MedCity Influencers

Focusing on IVDs can save more lives and billions in costs

With increased focus on improving the quality, efficacy, and cost-effectiveness of lab tests, the IVD industry can drive great value for patients and the economics of the healthcare system.

In vitro diagnostics (IVD), which involves testing blood or other sample types taken from a patient, has long been a critical part of medicine and an indispensable tool in diagnosing and monitoring diseases, predicting patient prognosis and monitoring therapy. In the last decade, however, the value of IVD has steadily gained recognition among the medical community and, perhaps most importantly, among health-system payers and administrators, because of its potential to save money and lives through earlier diagnosis of medical conditions. The main reason for this is a greater focus on the optimal utilization of laboratory tests, which then drive earlier diagnosis and interventions, saving lives and potentially billions of dollars in health-care-related expenses.

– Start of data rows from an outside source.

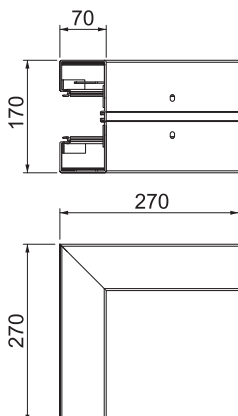

List technických údajů

Vnější roh, pro kanál pro vestavbu přístrojů Rapid 80
typu GKH-70170
Výr. č. 6114320

Vnější roh z bezhalogenového PC/ABS pro změnu směru kanálů pro vestavbu přístrojů GKH.
Vrchní díl se musí objednat samostatně.

PC/ABS Polykarbonát/Akrylnitrilbutadienstyrol

Kmenová data

Č. výr.	6114320
Typ	GKH-A70170RW
Rozměr	70x170
Barva	čistě bílá
Číslo RAL	9010
Materiál	Polykarbonát/Akrylnitrilbutadienstyrol
Zkratka materiálu	PC/ABS
Nejmenší prodejní množství	1 kus
Hmotnost	119,00 kg/100 ks

Technické údaje

Délka	270,00 mm
Výška	70,00 mm
Počet vrchních dílů	0
Provedení	Spodní díl
Pro šířku kanálu	170,00 mm
Pro výšku kanálu	70,00 mm
Bez obsahu halogenů	<input checked="" type="checkbox"/>
Kabelový úchyt	<input type="checkbox"/>
Upevňovací prvek	<input type="checkbox"/>
Způsob montáže vrchních dílů	umístěný uvnitř
Montážní děrování ve dně	<input checked="" type="checkbox"/>
Šířka vrchního dílu	76,5 mm
Šířka vrchního dílu 2	0,00 mm
Šířka vrchního dílu 3	0,00 mm
Ochranná fólie	<input checked="" type="checkbox"/>
Symetrické	<input checked="" type="checkbox"/>
Rozsah úhlu	90,00 - 90,00 °
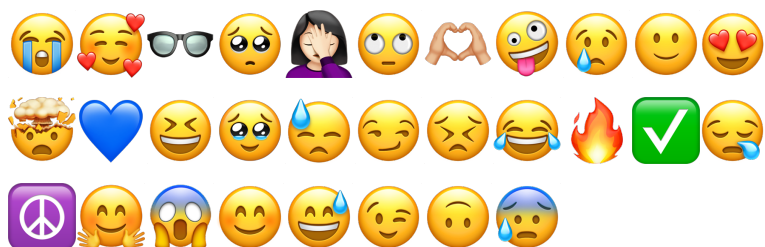

-@sristar77
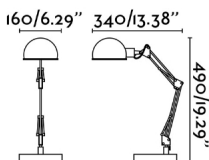

### Características generales

Fijación	Sobre mesa
Clase	II
IP	20
Voltaje	100V-240V
Hercios	50/60Hz
Metros de cable	1700mm
Tipo de interruptor	On/Off
Batería incluida	.
Potencia	8W
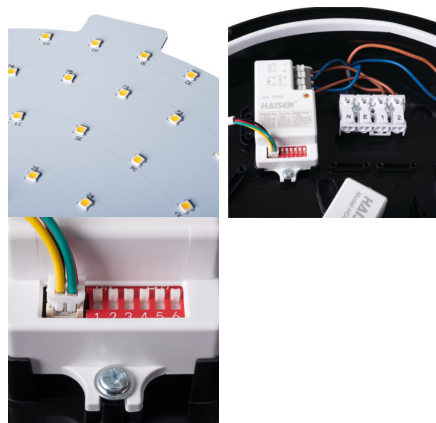

19066 DABA PRO 26W NW-SE-W

LED плафониера

5905339190666

Kanlux DABA PRO са плафониери за професионална употреба. Можете да изберете версия без сензор за движение (25W) или със сензор (26W) и два цвята на корпуса - бял и черен. Kanlux DABA PRO има плътност IP65 и висока устойчивост на атмосферни влияния, както и устойчивост на механични повреди IK10 и допълнителна защита на осветителното тяло срещу отваряне. Плафониерите Kanlux DABA PRO могат да се комбинират помежду си на принципа MASTER → SLAVE, тоест първият (първият и последният) осветител със сензор управлява поредицата от осветителни тела. Високото качество на плафониерите Kanlux DABA PRO се потвърждава от 5-годишна гаранция.

ОБЩИ ДАННИ:

Цвят: бял

Място на монтаж: за настенен монтаж, за монтаж върху таван

Място на приложение: на закрито и на открито

Минимално разстояние от осветявания обект: 0,5m

Възможност за последователно свързване на осветителни тела: да

Възможност за използване с димер: не

Wukrywanie ruchu: да

Височина [mm]: 85

Диаметър [mm]: 300

Регулиране на чувствителността: да

Съдържание на живак: не

Интегриран LED източник на светлина: да

ТЕХНИЧЕСКИ ДАННИ:

Номинално напрежение [V]: 220-240 AC

Номинална честота [Hz]: 50

Максимална мощност [W]: 26

Категория на защита от токов удар: II

Материал на дифузера: PC

Вид диод: LED SMD

Светлинен поток на осветителното тяло [lm]: 2800

A classic economic study found that while IVD-related expenses only account for 2 percent of total health care costs, 75 percent of medical decisions are made based, in great part, on this information. While it may be difficult to pinpoint exact numbers, and huge geographical and cultural differences certainly exist, it is unquestionable that in any health care system worldwide, the true value of IVD testing greatly outweighs its costs.

Given this evident value, it is about time healthcare administrators acknowledge this tremendous value and stop looking at the laboratory as a cost center. They should instead consider it a major partner and center of opportunity that brings millions of dollars in savings to their institutions.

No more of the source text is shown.